Given information below:

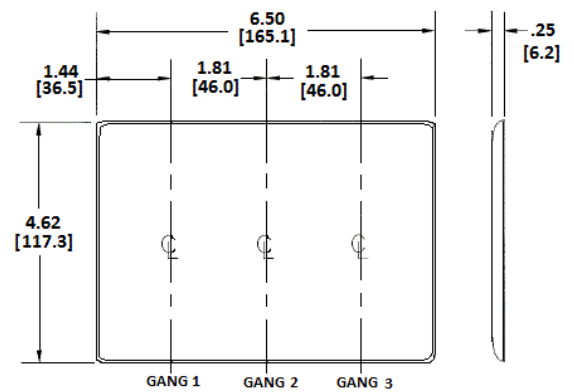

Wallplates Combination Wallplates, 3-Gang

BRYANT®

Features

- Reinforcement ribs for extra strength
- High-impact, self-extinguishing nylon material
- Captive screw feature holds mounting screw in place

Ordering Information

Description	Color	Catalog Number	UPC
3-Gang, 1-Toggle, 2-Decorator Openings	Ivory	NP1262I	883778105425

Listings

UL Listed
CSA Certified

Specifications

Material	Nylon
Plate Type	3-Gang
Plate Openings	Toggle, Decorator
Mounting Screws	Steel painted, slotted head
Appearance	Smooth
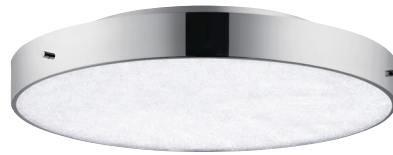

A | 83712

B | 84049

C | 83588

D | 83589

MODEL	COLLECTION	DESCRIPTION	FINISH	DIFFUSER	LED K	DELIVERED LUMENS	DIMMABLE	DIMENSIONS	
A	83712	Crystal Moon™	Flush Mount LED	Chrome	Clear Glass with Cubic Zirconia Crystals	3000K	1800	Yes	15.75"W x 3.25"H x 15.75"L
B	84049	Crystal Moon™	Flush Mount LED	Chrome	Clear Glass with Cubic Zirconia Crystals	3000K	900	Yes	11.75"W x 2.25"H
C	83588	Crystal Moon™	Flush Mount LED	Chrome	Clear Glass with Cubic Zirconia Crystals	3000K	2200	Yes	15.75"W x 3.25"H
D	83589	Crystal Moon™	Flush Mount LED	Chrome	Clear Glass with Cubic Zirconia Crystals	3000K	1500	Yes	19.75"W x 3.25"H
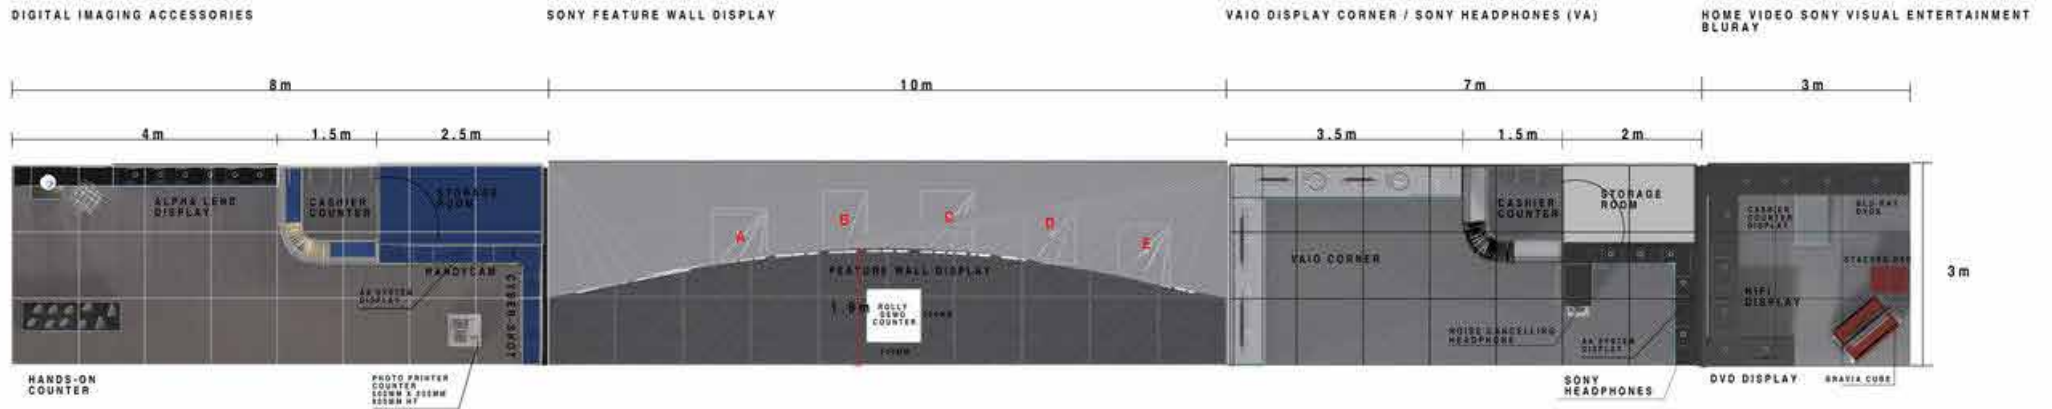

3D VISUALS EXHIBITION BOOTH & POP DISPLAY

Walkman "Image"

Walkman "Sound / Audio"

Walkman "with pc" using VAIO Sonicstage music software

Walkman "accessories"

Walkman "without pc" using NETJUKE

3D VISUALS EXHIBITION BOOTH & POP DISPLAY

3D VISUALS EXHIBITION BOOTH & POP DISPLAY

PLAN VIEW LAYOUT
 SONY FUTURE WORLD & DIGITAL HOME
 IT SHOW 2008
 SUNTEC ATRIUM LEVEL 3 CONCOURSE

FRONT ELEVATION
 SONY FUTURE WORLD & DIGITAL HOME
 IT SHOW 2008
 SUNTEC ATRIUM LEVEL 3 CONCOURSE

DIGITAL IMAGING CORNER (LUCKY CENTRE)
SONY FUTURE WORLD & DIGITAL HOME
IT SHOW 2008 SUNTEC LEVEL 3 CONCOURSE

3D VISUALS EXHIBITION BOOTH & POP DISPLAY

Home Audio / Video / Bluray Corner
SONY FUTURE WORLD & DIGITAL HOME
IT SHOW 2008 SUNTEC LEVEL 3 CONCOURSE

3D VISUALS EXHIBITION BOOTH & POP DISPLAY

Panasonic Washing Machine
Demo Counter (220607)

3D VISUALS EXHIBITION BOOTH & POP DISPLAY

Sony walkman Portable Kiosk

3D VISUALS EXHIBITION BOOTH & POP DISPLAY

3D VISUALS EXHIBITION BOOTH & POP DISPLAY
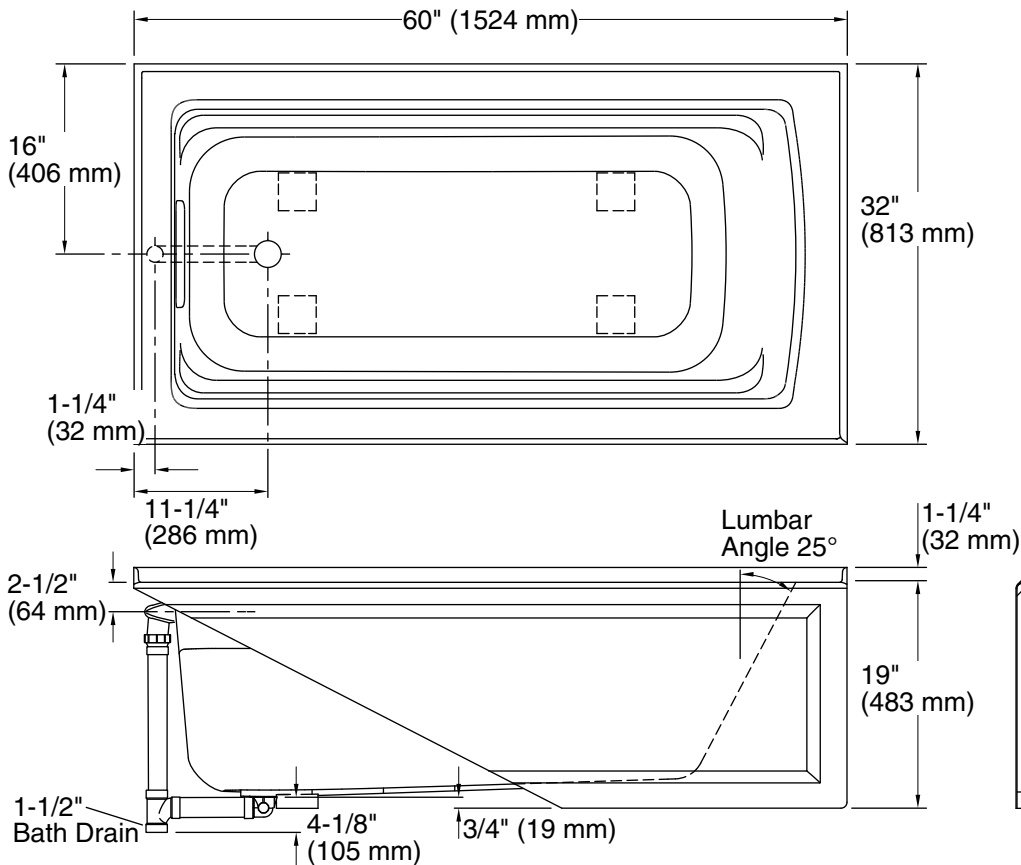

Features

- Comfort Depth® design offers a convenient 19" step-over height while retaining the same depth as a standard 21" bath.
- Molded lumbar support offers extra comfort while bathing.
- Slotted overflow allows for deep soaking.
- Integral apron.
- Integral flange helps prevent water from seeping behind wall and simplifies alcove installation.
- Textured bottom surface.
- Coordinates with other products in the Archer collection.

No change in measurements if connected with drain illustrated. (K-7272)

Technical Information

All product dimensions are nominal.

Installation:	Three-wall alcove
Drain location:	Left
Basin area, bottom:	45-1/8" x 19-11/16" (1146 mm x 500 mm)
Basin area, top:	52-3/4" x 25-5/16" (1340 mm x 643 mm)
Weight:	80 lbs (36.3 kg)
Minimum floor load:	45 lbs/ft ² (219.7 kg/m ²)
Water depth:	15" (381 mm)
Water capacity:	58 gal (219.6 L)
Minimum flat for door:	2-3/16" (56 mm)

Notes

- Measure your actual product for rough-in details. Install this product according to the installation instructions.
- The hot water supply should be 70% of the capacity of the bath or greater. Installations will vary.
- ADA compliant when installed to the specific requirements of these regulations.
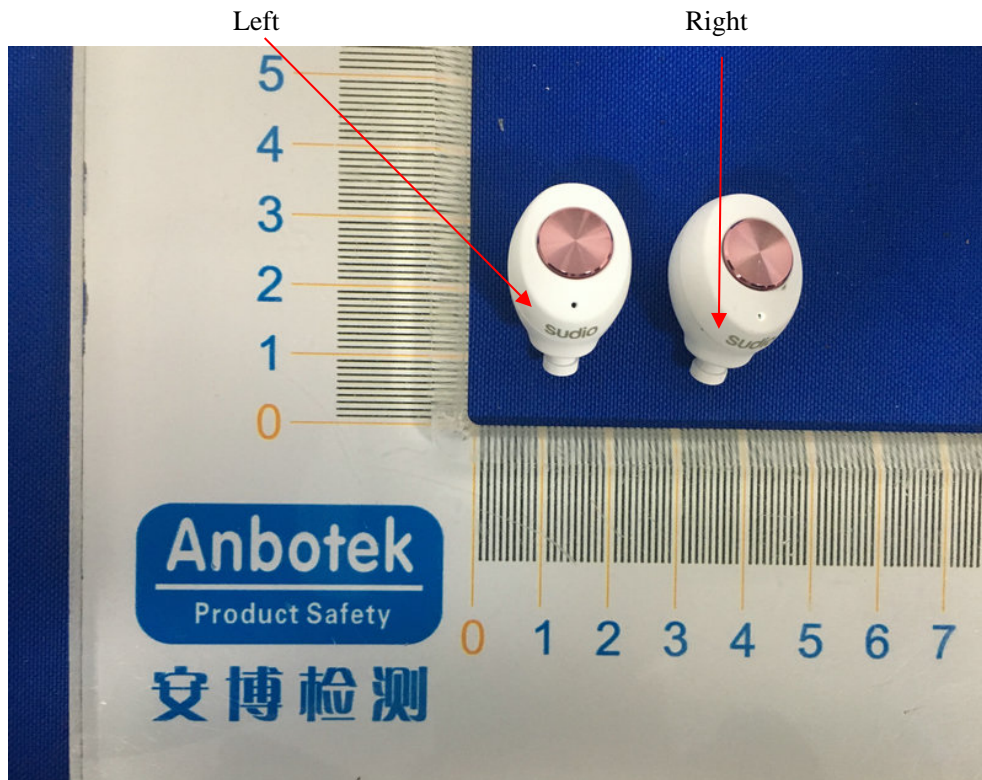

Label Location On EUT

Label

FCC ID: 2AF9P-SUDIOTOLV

End of Given information.

- [Problem to solve]: Display every line of the listing that contains the string "Cubic".

- [Answer to the problem]:
A	83712	Crystal Moon™	Flush Mount LED	Chrome	Clear Glass with Cubic Zirconia Crystals	3000K	1800	Yes	15.75"W x 3.25"H x 15.75"L
B	84049	Crystal Moon™	Flush Mount LED	Chrome	Clear Glass with Cubic Zirconia Crystals	3000K	900	Yes	11.75"W x 2.25"H
C	83588	Crystal Moon™	Flush Mount LED	Chrome	Clear Glass with Cubic Zirconia Crystals	3000K	2200	Yes	15.75"W x 3.25"H
D	83589	Crystal Moon™	Flush Mount LED	Chrome	Clear Glass with Cubic Zirconia Crystals	3000K	1500	Yes	19.75"W x 3.25"H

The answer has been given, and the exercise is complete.